BEGIN Stored data

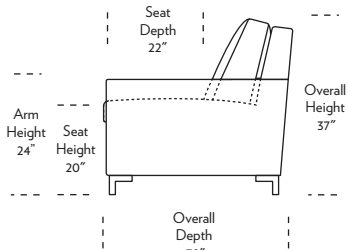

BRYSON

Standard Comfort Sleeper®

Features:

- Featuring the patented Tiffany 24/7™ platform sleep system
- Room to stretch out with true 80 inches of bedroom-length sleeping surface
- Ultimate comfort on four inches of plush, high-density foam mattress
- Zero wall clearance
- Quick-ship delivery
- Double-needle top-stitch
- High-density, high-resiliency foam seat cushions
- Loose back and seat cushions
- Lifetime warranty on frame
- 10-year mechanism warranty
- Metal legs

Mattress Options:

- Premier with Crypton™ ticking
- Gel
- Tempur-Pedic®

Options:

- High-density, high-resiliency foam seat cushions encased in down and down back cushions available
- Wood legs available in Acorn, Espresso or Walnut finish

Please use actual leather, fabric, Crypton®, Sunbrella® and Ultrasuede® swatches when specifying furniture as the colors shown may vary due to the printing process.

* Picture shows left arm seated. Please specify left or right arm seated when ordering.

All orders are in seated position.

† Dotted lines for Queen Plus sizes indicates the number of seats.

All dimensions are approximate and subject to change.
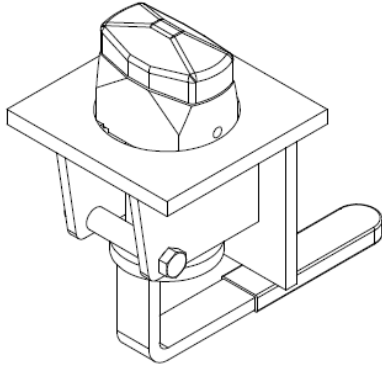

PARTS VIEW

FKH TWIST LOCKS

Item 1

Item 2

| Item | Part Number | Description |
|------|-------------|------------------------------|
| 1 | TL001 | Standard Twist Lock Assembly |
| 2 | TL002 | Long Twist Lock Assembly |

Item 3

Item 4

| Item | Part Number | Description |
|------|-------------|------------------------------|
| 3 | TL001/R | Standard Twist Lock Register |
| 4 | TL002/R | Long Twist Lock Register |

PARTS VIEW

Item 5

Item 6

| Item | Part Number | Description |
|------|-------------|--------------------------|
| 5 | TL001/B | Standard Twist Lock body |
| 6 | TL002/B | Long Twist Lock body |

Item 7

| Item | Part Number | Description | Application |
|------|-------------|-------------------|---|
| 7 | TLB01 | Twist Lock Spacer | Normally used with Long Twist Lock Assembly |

END Stored data

What is required - What is needed here is each line above set down word for word, minus the images.

The completed task -
BRYSON

Standard Comfort Sleeper®

Features:

- Featuring the patented Tiffany 24/7™ platform sleep system
- Room to stretch out with true 80 inches of bedroom-length sleeping surface
- Ultimate comfort on four inches of plush, high-density foam mattress
- Zero wall clearance
- Quick-ship delivery
- Double-needle top-stitch
- High-density, high-resiliency foam seat cushions
- Loose back and seat cushions
- Lifetime warranty on frame
- 10-year mechanism warranty
- Metal legs

Mattress Options:

- Premier with Crypton™ ticking
- Gel
- Tempur-Pedic®

Options:

- High-density, high-resiliency foam seat cushions encased in down and down back cushions available
- Wood legs available in Acorn, Espresso or Walnut finish

Please use actual leather, fabric, Crypton®, Sunbrella® and Ultrasuede® swatches when specifying furniture as the colors shown may vary due to the printing process.

* Picture shows left arm seated. Please specify left or right arm seated when ordering.

All orders are in seated position.

† Dotted lines for Queen Plus sizes indicates the number of seats.

All dimensions are approximate and subject to change.

PARTS VIEW

FKH TWIST LOCKS

Item 1

Item 2

| Item | Part Number | Description |
|------|-------------|------------------------------|
| 1 | TL001 | Standard Twist Lock Assembly |
| 2 | TL002 | Long Twist Lock Assembly |

Item 3

Item 4

| Item | Part Number | Description |
|------|-------------|------------------------------|
| 3 | TL001/R | Standard Twist Lock Register |
| 4 | TL002/R | Long Twist Lock Register |

PARTS VIEW

Item 5

Item 6

| Item | Part Number | Description |
|------|-------------|--------------------------|
| 5 | TL001/B | Standard Twist Lock body |
| 6 | TL002/B | Long Twist Lock body |

Item 7

| Item | Part Number | Description | Application |
|------|-------------|-------------------|---|
| 7 | TLB01 | Twist Lock Spacer | Normally used with Long Twist Lock Assembly |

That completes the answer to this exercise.